An electron microscope is defined as the type of microscope in which the source of illumination is the beam of accelerated electrons. It is a special type of microscope with a high resolution of images as the images can be magnified in nanometers.

There are two types of electron microscopes:

• The transmission electron microscope (TEM)
• The scanning electron microscope (SEM)

Principle of Electron Microscope

The metal used in an electron microscope is tungsten. A high voltage current is applied which results in the excitation of the electrons in the form of a continuous stream that is used as a beam of light. The lenses used in the electron microscope are magnetic coils. These magnetic coils are capable of focusing the electron beam on the sample such that the sample gets illuminated. As the flow of current increases, the strength of the magnetic lens increases. The electron beam flow is designed such that it cannot pass through the glass lens.

Application of Electron Microscope

• Quality control and failure analysis in industries are done with the help of an electron microscope.
• The images obtained in an electron microscope can be captured as electron micrographs with the help of specialized cameras.
• The study of metals and crystals became easy with the introduction of an electron microscope.

Stereo Microscope

A stereo microscope is defined as a type of microscope that provides a three-dimensional view of a specimen. It is also known as a dissecting microscope. In a stereo microscope, there are separate objective lenses and eyepiece such that there are two separate optical paths for each eye.

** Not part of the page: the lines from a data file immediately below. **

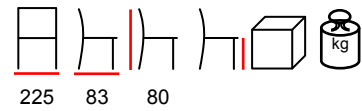

AYANA/D 3

sofa three seaters - aluminium anthracite - polyester grey

divano tre posti - alluminio antracite - poliestere grigio
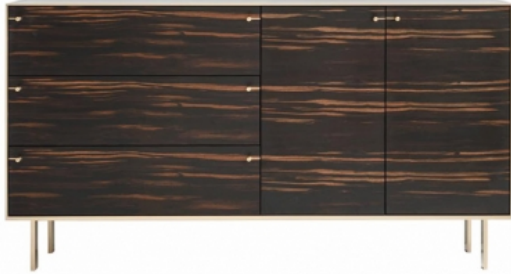

S O U T H H I L L H O M E

INGEMAR CABINET - STANDARD

The Ingemar features a metal frame perfectly co-planar to the wood cabinetry it encompasses. The unit is finished on all sides. Shown in custom African Ebony veneer and Nickel straps/hardware (last two images shown with Silicon Bronze straps/hardware). Available in other configurations and wood veneers.

Dimensions: W 60" x D 18" x H 32"

Finishes: Standard - Nickel | Standard - Silicon Bronze

INTERESTED IN THIS PRODUCT ?

VISIT OUR SHOWROOM

CONTACT US

146 Dupont Street
Toronto, Ontario
M5R 1V2

TEL: (416) 924-7224
FAX: (416) 924-7254
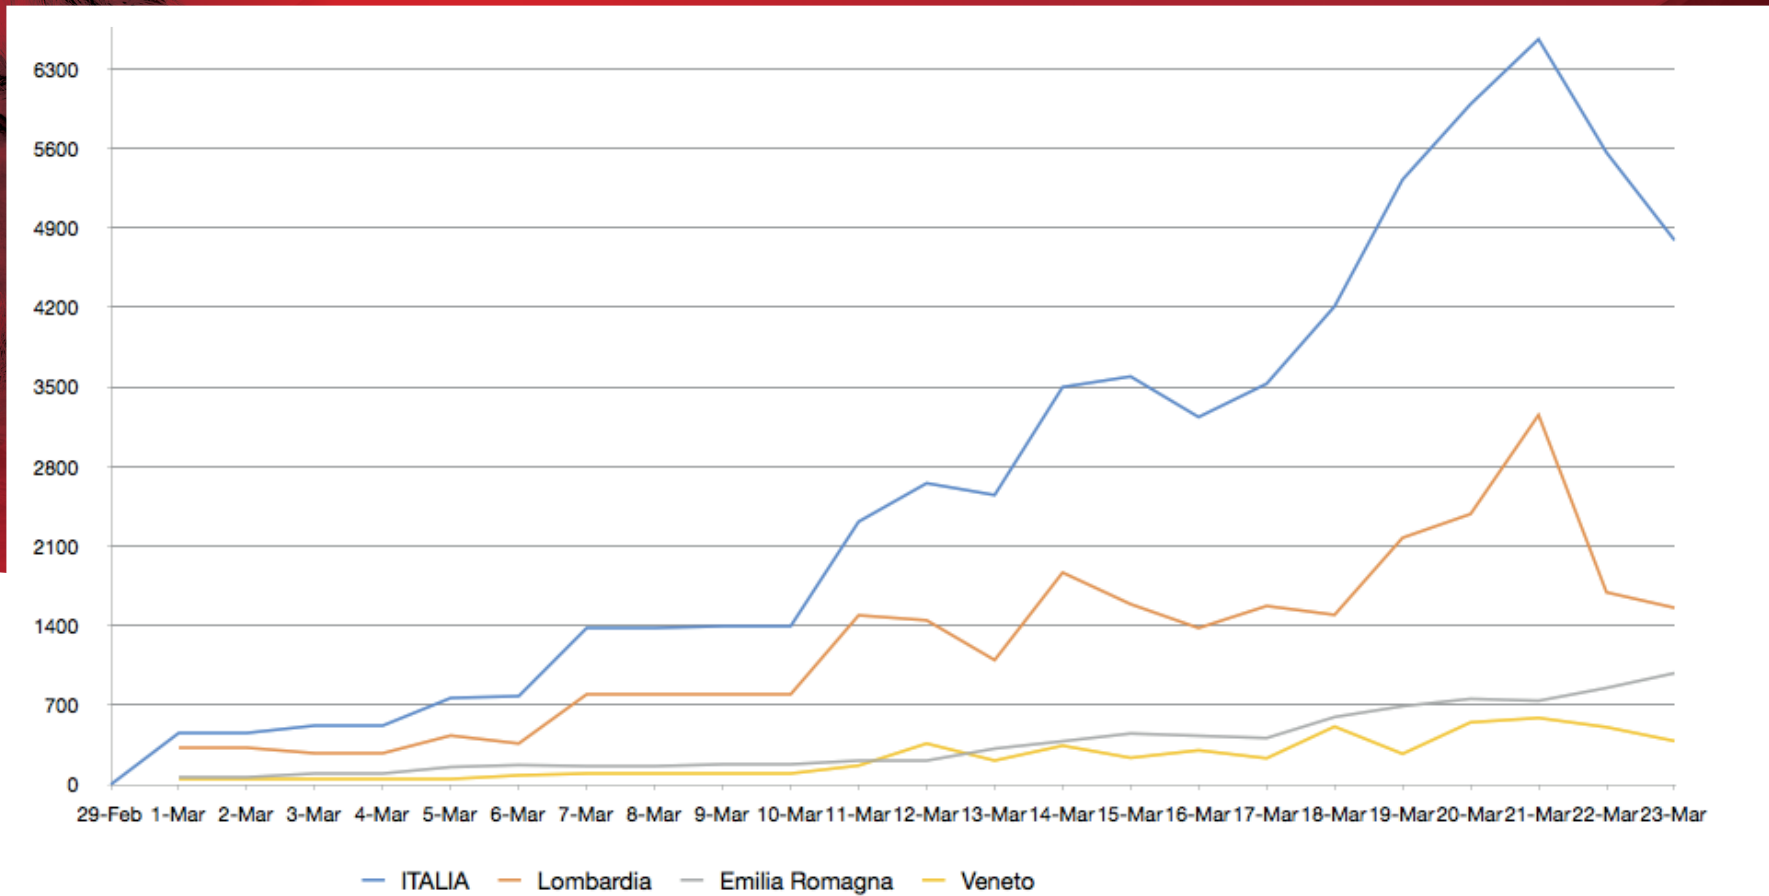

Nuovi contagi Gruppo 1

PIETRO PAOLO ALESSANDRELLO
Consulting, Training and Mentoring

Tel: +39 055 289904
www.alessandrello.org
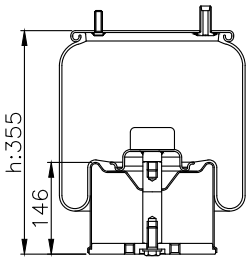

Product ID: 161098

Weight: 11,05 kg

QIP (pcs): 28

OEM Ref.

BPW

05.429.41.56.0 (30 K)

CROSS Ref.

Blacktech
Airtech

RML 75051 C
34930 CPP
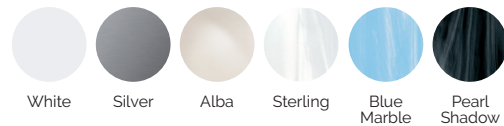

## SHELL FINISHES (ACRYLIC COLORS)
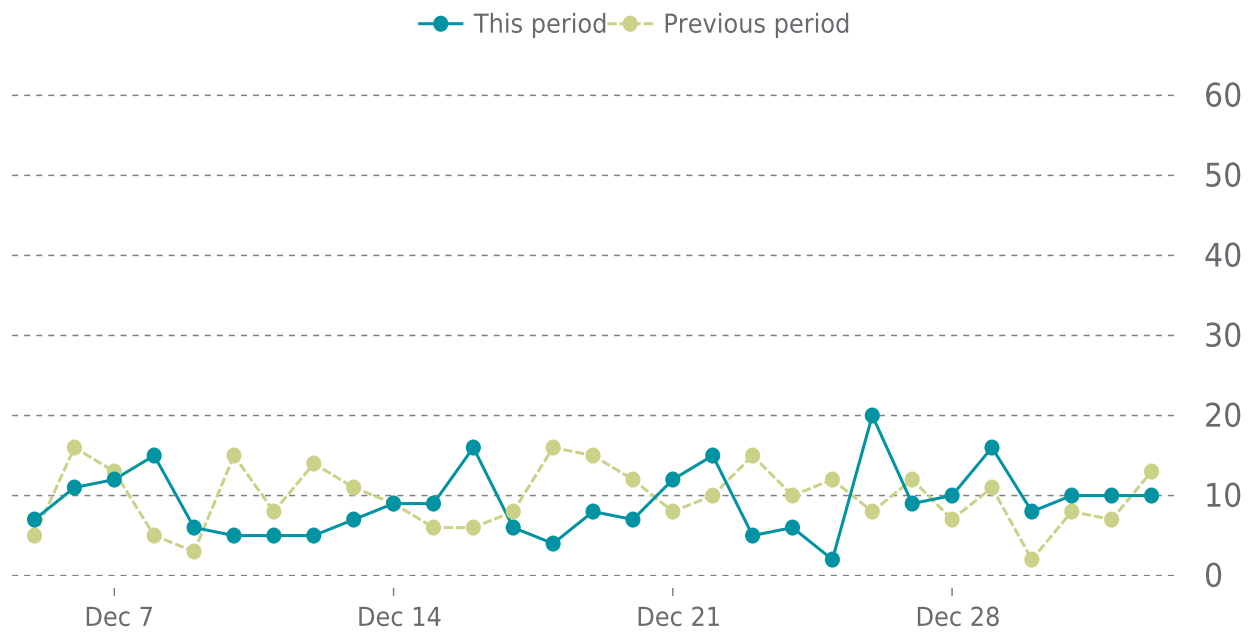

✓ ANALYTICS

Traffic down by: **6%**
12/04/2021 to 01/02/2022

OVERVIEW

Sessions
0.2K
▼ -6%

Pageviews
0.6K
▲ 5%

Session duration
01m:01s
▼ -19%

SESSIONS

Pages Per Sessions: ▲ 12%

Bounce Rate: ▼ -15%

Social Media Sessions: ▼ -33.33%

Organic Searches: ▼ -3.03%

Referrers	Sessions	Pages	Sessions
google	197	/	305
(direct)	32	/about-norman/	144
bing	15	/renovation/	76
duckduckgo	6	/new-construction/	75
yahoo	6	/cliff-norman/	15

Countries	Sessions
United States	228
Pakistan	17
Canada	6
Philippines	6
United Kingdom	4
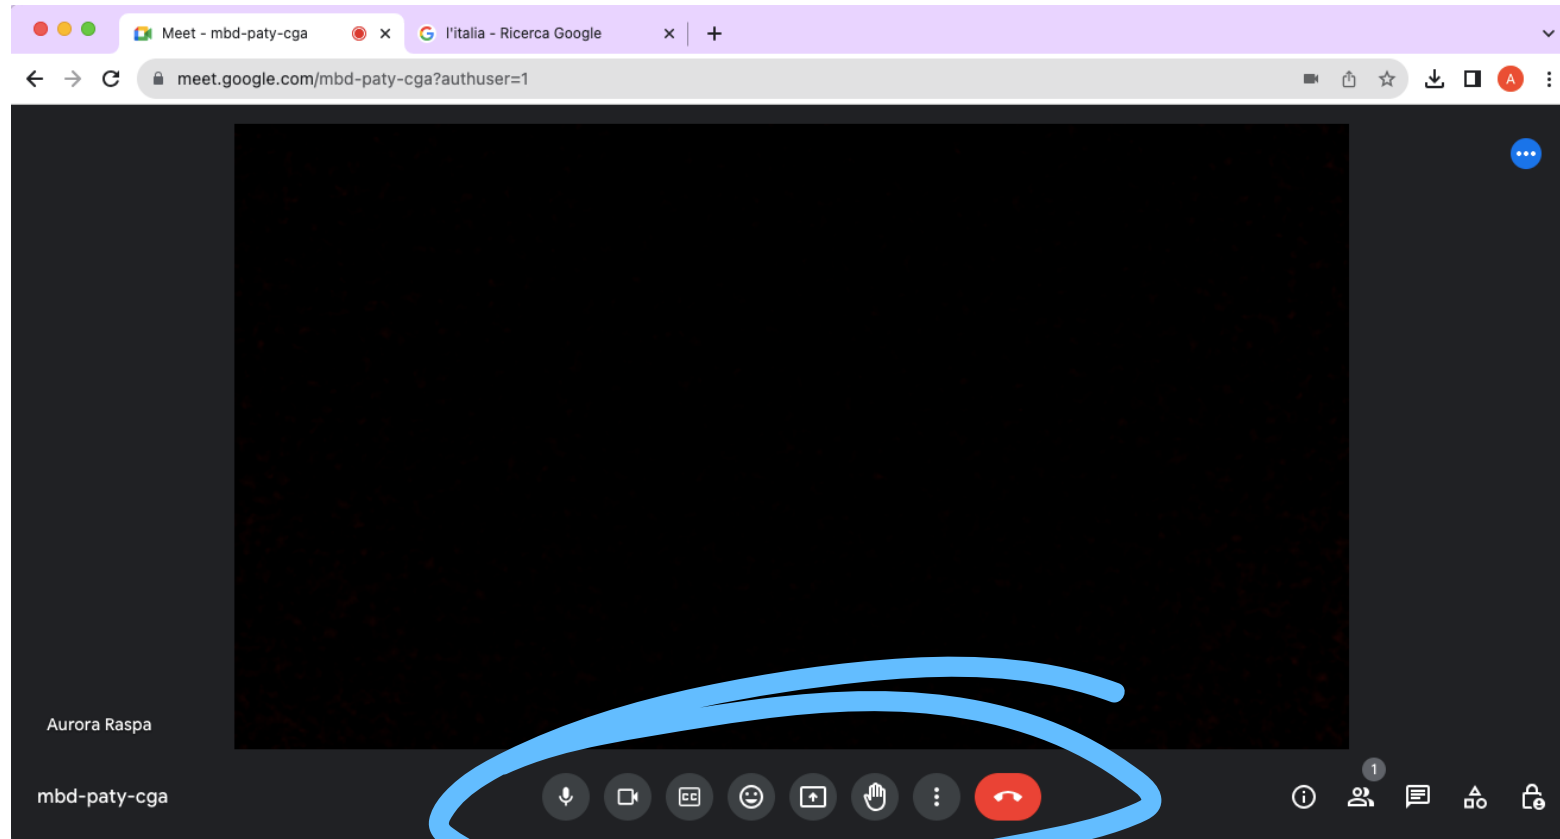

tocca Info gruppo

tocca i link per accedere alle lezioni

Ora partecipi alla lezione

The image shows a browser window with two tabs: "Meet - mbd-paty-cga" and "l'italia - Ricerca Google". The address bar displays the URL "meet.google.com/mbd-paty-cga?authuser=1". The main content area is a large black rectangle, indicating that the video feed is either off or not yet loaded. In the bottom-left corner, the name "Aurora Raspa" is visible. The bottom control bar contains several icons: a microphone, a video camera, a chat bubble, a smiley face, an upload arrow, a hand, a vertical ellipsis, a red phone handset icon, a person icon with a "1" notification, a chat bubble, a screen share icon, and a lock icon.

Guarda le icone di Google Meet

icone

microfono
spento

telecamera
spenta

mano
abbassata

microfono
acceso

telecamera
spenta

mano
alzata
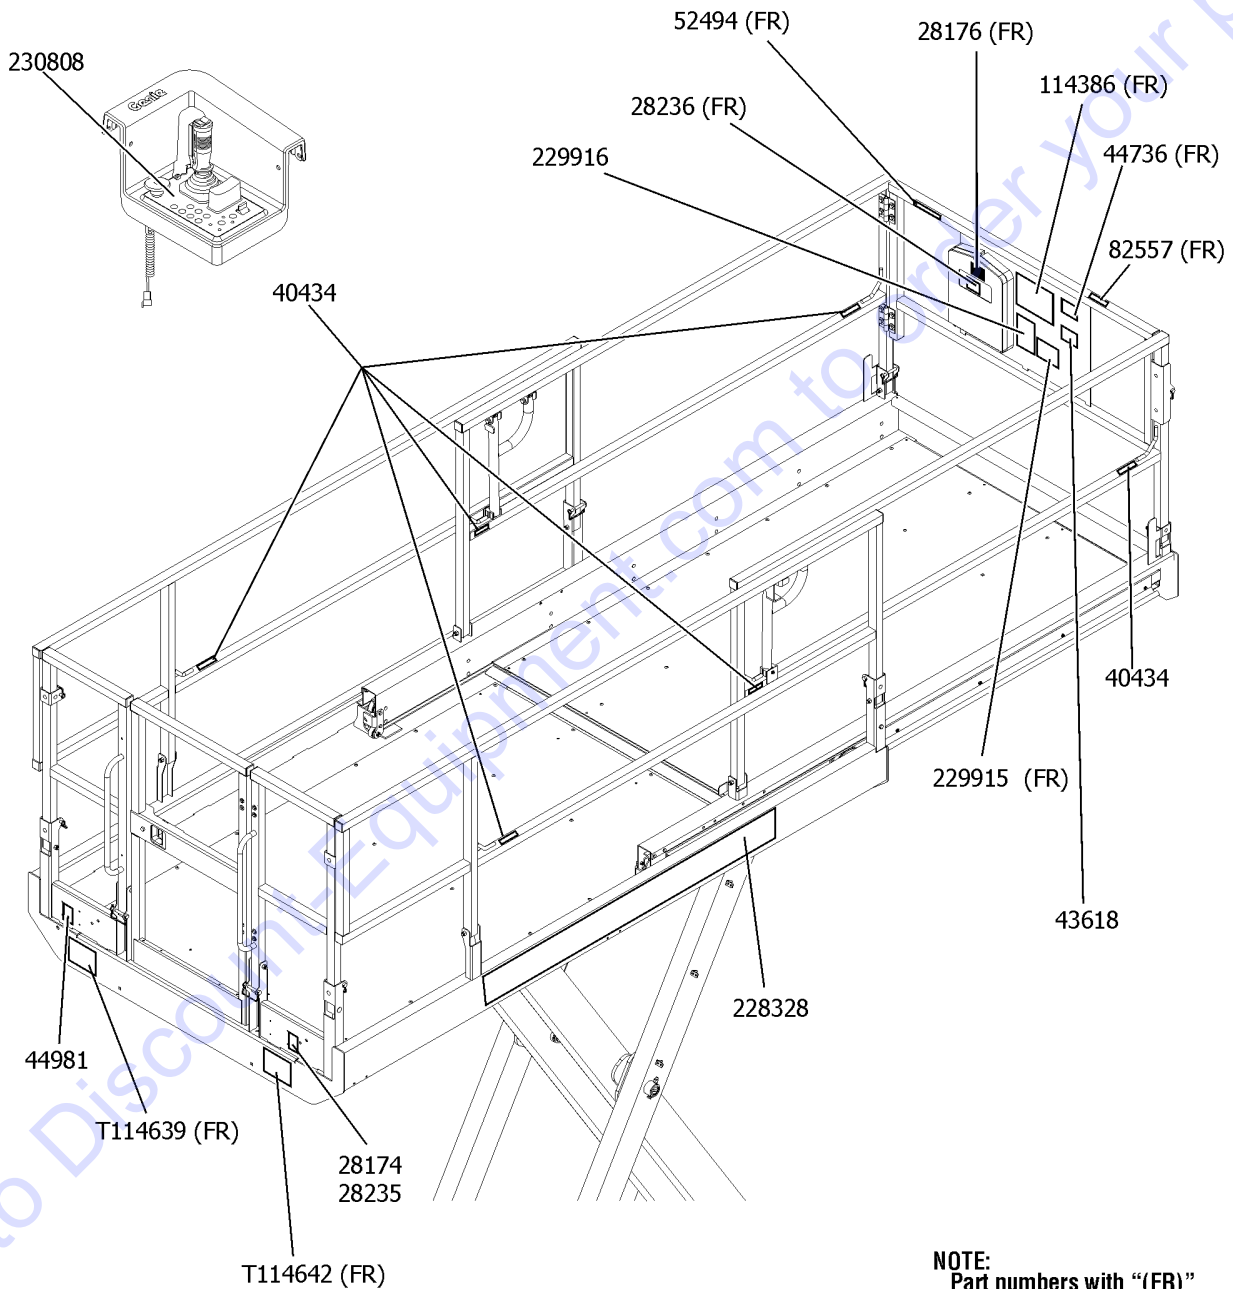

Platform, ANSI/CSA models

☐ Shading indicates decal is hidden from view.

111.1 Decals with Words, GS-3369 Platform, ANSI & CSA

Item	Part No.	Description	Qty.
		<i>Ref. Word Decal Kits</i> ..... (refer to 109.1)	
1	28174GT	DECAL,POWER TO PLATFORM 230V	1
2	28176GT	DECAL,LABEL,MANUAL NOT HERE	1
3	28235GT	DECAL,POWER TO PLATFORM 115V	1
4	28236GT	DECAL,WARN,IMPROPER OPERATION	1
5	40434GT	DECAL,LANYARD ANCHORAGE POINT	6
6	43618GT	DECAL,LABEL-DIRECTION ARROWS	1
7	44736GT	DECAL,DANGER,TIP-OVER,TILT	1
8	44981GT	DECAL,LABEL,AIRLINE 110 PSI	1
9	52494GT	DECAL,CAUTION,CRUSH HAZ, RAILS	1
10	82557GT	DECAL,LABEL,PLAT CONT LOCATION	1
11	114386GT	DECAL,DANGER-GEN SAFETY	1
12	228328GT	DECAL,COSMETIC,GENIE GS-3369RT	2
13	229915GT	DECAL,DANGER,OUTRIGGER SAFETY	1
14	229916GT	DECAL,NOTICE,INST,PLAT-GS69RT	1
15	230808GT	DECAL,PLAT CONTROL PANEL GS69	1
16	T114639GT	DECAL,NOTICE,MAX CAP,GS3369	1
		(ANSI & CSA modes only)	
17	T114642GT	DECAL,NOTICE,SIDE FRC,3369 ANS	1
		(ANSI & CSA modes only)
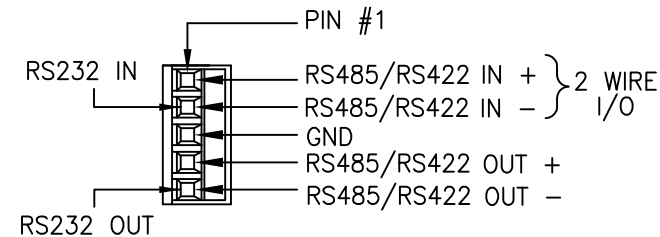

DATA TX/RX INDICATORS:
 INDICATOR IS GREEN WHEN DATA ACTIVITY IS PRESENT.
 OFF WHEN NO DATA ACTIVITY IS PRESENT.

OLI - OPTICAL LEVEL INDICATOR:
 INDICATOR IS GREEN WHEN PROPER LEVEL IS PRESENT.
 IT IS RED WHEN SIGNAL IS MISSING OR AT AN INCORRECT LEVEL.

DATA SWITCH SETTINGS						
1	2	3	4	5	6	ON=DOWN / OFF=UP
ON	ON	OFF	ON	ON	OFF	RS485-4W / MANCHESTER (FACTORY SHIPPED)
OFF	ON	ON	OFF	ON	ON	RS485-2W
ON	OFF	OFF	ON	OFF	OFF	RS422
OFF	OFF	OFF	OFF	OFF	OFF	RS232
DATA 2			DATA 1			

DATA CONNECTIONS

 120 BELMONT DRIVE SOMERSET N.J.	DATE:	30 MAR 15		MTX-482SL CUSTOMER ASSEMBLY DRAWING	
	ACAD FN.:	MTX-482SL CC			
	SCALE:	DWG BY:	DWG. NO.:	SH. OF	REV.:
NONE	CLQ				8K

Principle of Stereo Microscope

A stereo microscope works on the reflected light from the sample. The magnification of the microscope takes place at low power and hence, it is suitable for magnifying opaque objects. It is suitable for thick and solid samples because it uses light reflected from the sample. The magnification of the stereo microscope is between 20x and 50x.

Applications of Stereo Microscope

• Examination of historic coins and artefacts is possible with the help of the stereomicroscope.
• It finds application in microsurgery.
• Viewing of crystals became easy with the use of a stereomicroscope.

Scanning Probe Microscope

The scanning probe microscope is defined as the type of microscope that finds applications in industries where the examination of the specimen is done at the nanoscale levels. The study of a specimen’s properties, its reaction time and its behaviour when stimulated can be done with the help of a scanning probe microscope.

Principle of Scanning Probe Microscope

The scanning probe microscope has a probe tip that is mounted on the end of a cantilever. The tip is so sharp that it can move precisely and accurately across the surface of the sample scanning every atom. The tip is placed close to the surface of the sample, such that the cantilever experiences a deflection due to forces. This deflection distance is measured by the laser. The final image after scanning is obtained on the computer.

Application of Scanning Probe Microscope

• It is used in studying different properties of the sample such as electrical properties.
• The magnetic property of the sample is studied using this microscope.
• The transferring of information on the sample can be done with the help of this microscope.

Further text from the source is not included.